EXERCISE DIRECTIONS:
Please output every line of the material as it stands, without the pictures.
____
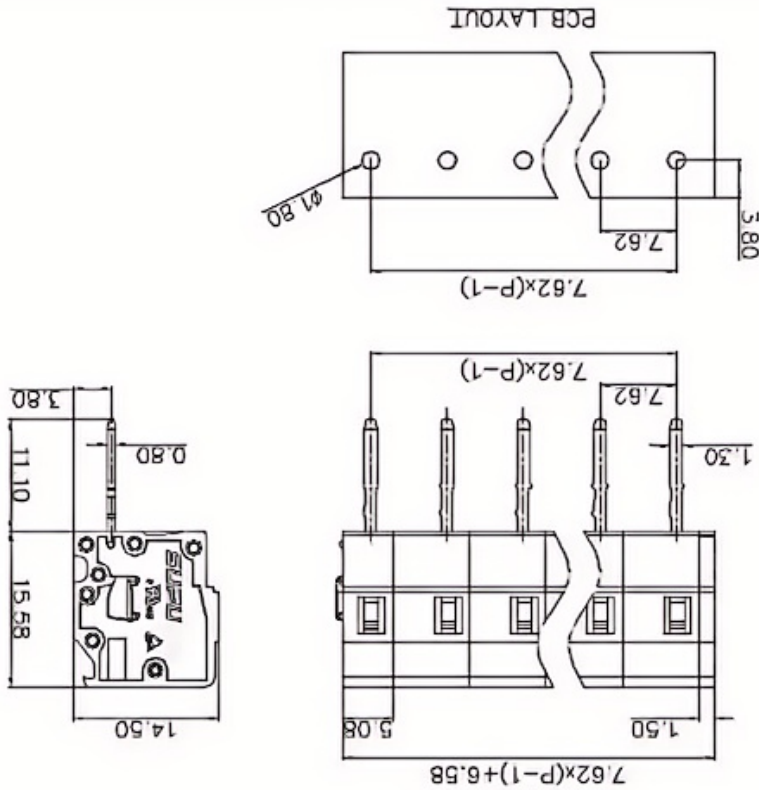

类别: 插拔式端子-插座

产品名称:478473

产品描述: 间距：7.62mm 额定电压：500V

额定电流：16A 颜色：橙

产品尺寸图

参数

⌘ 产品型号	478473
⌘ 产品间距	7.62
⌘ 产品层数	单层

接线位数	13
接线方式	-
防护等级	IP20
工作温度	-40~+105°C
绝缘材料	PA66
绝缘材料组别	I
导电体材料	Copper alloy
导电体表面镀层	Sn,Plated
颜色	橙色

技术数据

额定电流 (IEC)	16A
额定电压 (IEC)	500V
过压类别	III III II
污染等级	3 2 2
额定冲击电压	4.0KV 4.0KV 4.0KV
硬导线截面积	-
柔性导线截面积	-
柔性导线截面积, 带绝缘管套	-
锁线螺钉规格	-
锁线螺钉扭矩	-
固定螺钉规格	-
固定螺钉扭矩	-
剥线长度	-

☞ 使用组别

B/C/D

☞ 额定接线容量

-

商业数据

☞ 订货号
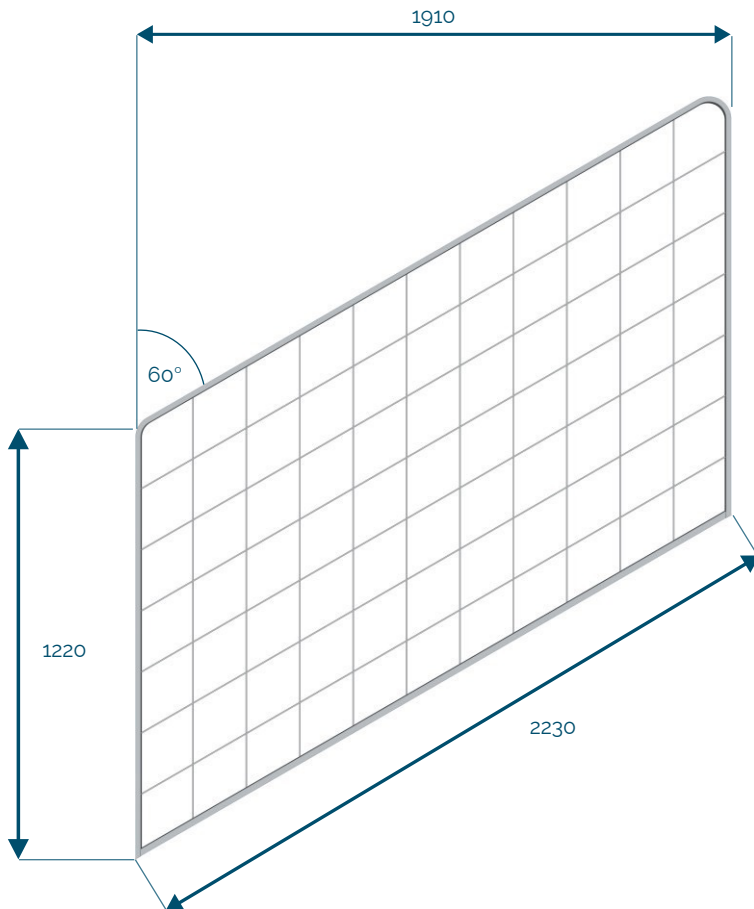

Barrière Escalier 2m

Code : N124-037

14 kg

min. ~20° - max. ~40°

EN 13374 A

[mm]

Rangement des barrières

Palette acier 50 pcs

→ 800 kg
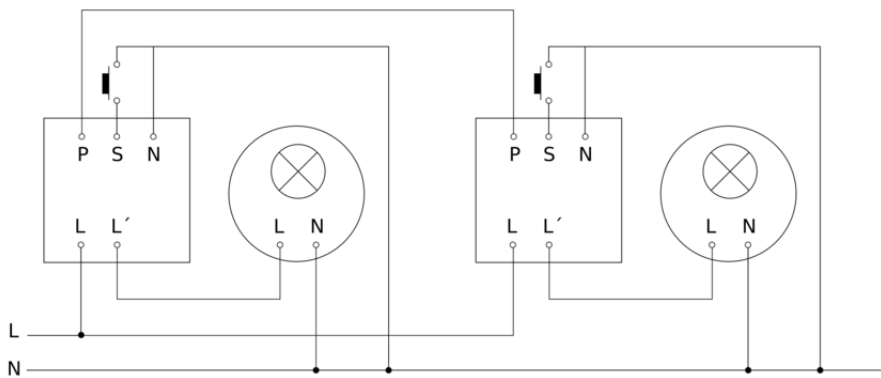

Präsenzmelder - Professional Line

IR Quattro 8m

COM1 - Deckeneinbau
EAN 4007841 079345
Art.-Nr. 079345

IR Quattro 8m

COM1 - Deckeneinbau
EAN 4007841 079345
Art.-Nr. 079345

Schaltplan Master

Schaltplan Master-Master Vernetzung

IR Quattro 8m

COM1 - Deckeneinbau
EAN 4007841 079345
Art.-Nr. 079345

Schaltplan Master-Slave Vernetzung
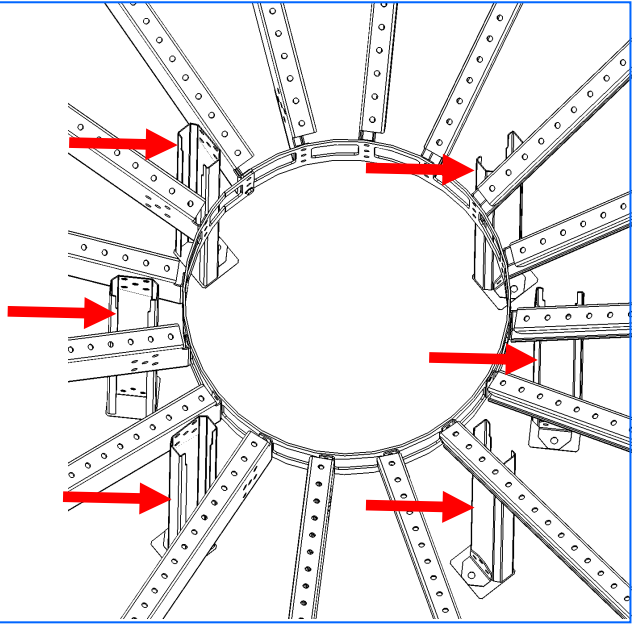

Ø6,4

6x
HJK72012
/
HJK72110
____
SOLUTION TO THIS PROBLEM:
类别: 插拔式端子-插座

产品名称:478473

产品描述: 间距：7.62mm 额定电压：500V

额定电流：16A 颜色：橙

产品尺寸图

参数

⌘ 产品型号	478473
⌘ 产品间距	7.62
⌘ 产品层数	单层

接线位数	13
接线方式	-
防护等级	IP20
工作温度	-40~+105°C
绝缘材料	PA66
绝缘材料组别	I
导电体材料	Copper alloy
导电体表面镀层	Sn,Plated
颜色	橙色

技术数据

额定电流 (IEC)	16A
额定电压 (IEC)	500V
过压类别	III III II
污染等级	3 2 2
额定冲击电压	4.0KV 4.0KV 4.0KV
硬导线截面积	-
柔性导线截面积	-
柔性导线截面积, 带绝缘管套	-
锁线螺钉规格	-
锁线螺钉扭矩	-
固定螺钉规格	-
固定螺钉扭矩	-
剥线长度	-

☞ 使用组别

B/C/D

☞ 额定接线容量

-

商业数据

☞ 订货号

Barrière Escalier 2m

Code : N124-037

14 kg

min. ~20° - max. ~40°

EN 13374 A

[mm]

Rangement des barrières

Palette acier 50 pcs

→ 800 kg

Präsenzmelder - Professional Line

IR Quattro 8m

COM1 - Deckeneinbau
EAN 4007841 079345
Art.-Nr. 079345

IR Quattro 8m

COM1 - Deckeneinbau
EAN 4007841 079345
Art.-Nr. 079345

Schaltplan Master

Schaltplan Master-Master Vernetzung

IR Quattro 8m

COM1 - Deckeneinbau
EAN 4007841 079345
Art.-Nr. 079345

Schaltplan Master-Slave Vernetzung

Ø6,4

6x
HJK72012
/
HJK72110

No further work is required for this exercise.